Unknown BCAA Info!!!! - YouTube


----------



## Big-John (Mar 16, 2014)

I would have never guessed that.


----------



## Phoe2006 (Mar 16, 2014)

Neither would I. Nice vid swole


----------



## Big-John (Mar 16, 2014)

So if your bulking you would be ok? And would it be ok to run insulin along with it?


----------



## Phoe2006 (Mar 16, 2014)

That's what I got from the video maybe someone else has a different perspective on it, but the way I took it as long as u weren't dieting you should be fine. I kinda skipped through a few parts I'll finish watching the entire vid tomorrow when the old lady isn't home. She kinda gets on my ass now for being on the phone too much


----------



## Phoenixk2 (Mar 16, 2014)

Big-John said:


> So if your bulking you would be ok? And would it be ok to run insulin along with it?



Yes, it would be fine.


----------



## Phoenixk2 (Mar 16, 2014)

Phoe2006 said:


> That's what I got from the video maybe someone else has a different perspective on it, but the way I took it as long as u weren't dieting you should be fine. I kinda skipped through a few parts I'll finish watching the entire vid tomorrow when the old lady isn't home. She kinda gets on my ass now for being on the phone too much



Well the only kind of dieting he referred to was keto.
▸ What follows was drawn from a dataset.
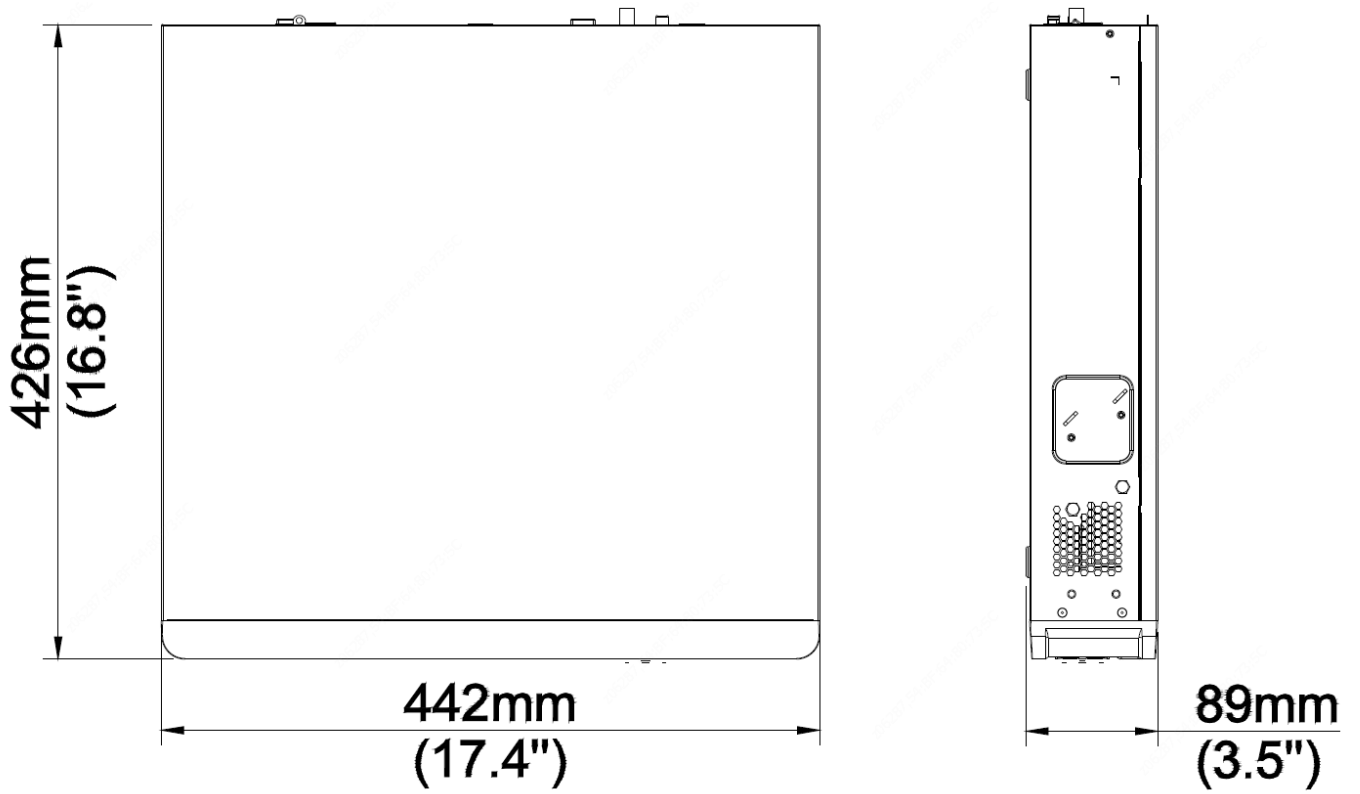

Dimensions

So if you were doing a restricted calorie or carb cycling diet it would be ok.


----------



## Phoe2006 (Mar 17, 2014)

Yep you are right phoenix just finished watching the entire vid.
P


----------



## myosaurus (Mar 17, 2014)

interesting find, great vodeo! thank you!


----------



## Ironbuilt (Mar 17, 2014)

Kool swole.


----------



## Daniel11 (Mar 17, 2014)

Made me go drink some BCAAs.


----------



## Phoe2006 (Mar 17, 2014)

Yes I drink bcaa's as well already been in my workout regiment for the past few months but definitely a great vid with a lot more info.


----------



## Aquascutum828 (Mar 17, 2014)

Where did he said he got the info from?
I want to read about it and not just hear him talk about it.


----------



## swolesearcher (Mar 17, 2014)

i`m doing a carb cycle diet and i take bcaa first thing in the morning before cardio.. i know he was referring to keto diet but still i`m now kinda worried when i take bcaa before cardio in the am. should i swap to eaa? wondering if the study was done just on keto diet or even other kind of diet.. seems just on keto diet from what he says


----------



## Phoenixk2 (Mar 17, 2014)

Yeah they will take you out of ketosis and then your diet is screwed.


----------



## Daniel11 (Mar 18, 2014)

As long as the calories is below 50/hr or so it should be ok...  It's part of lean gains diet also.


----------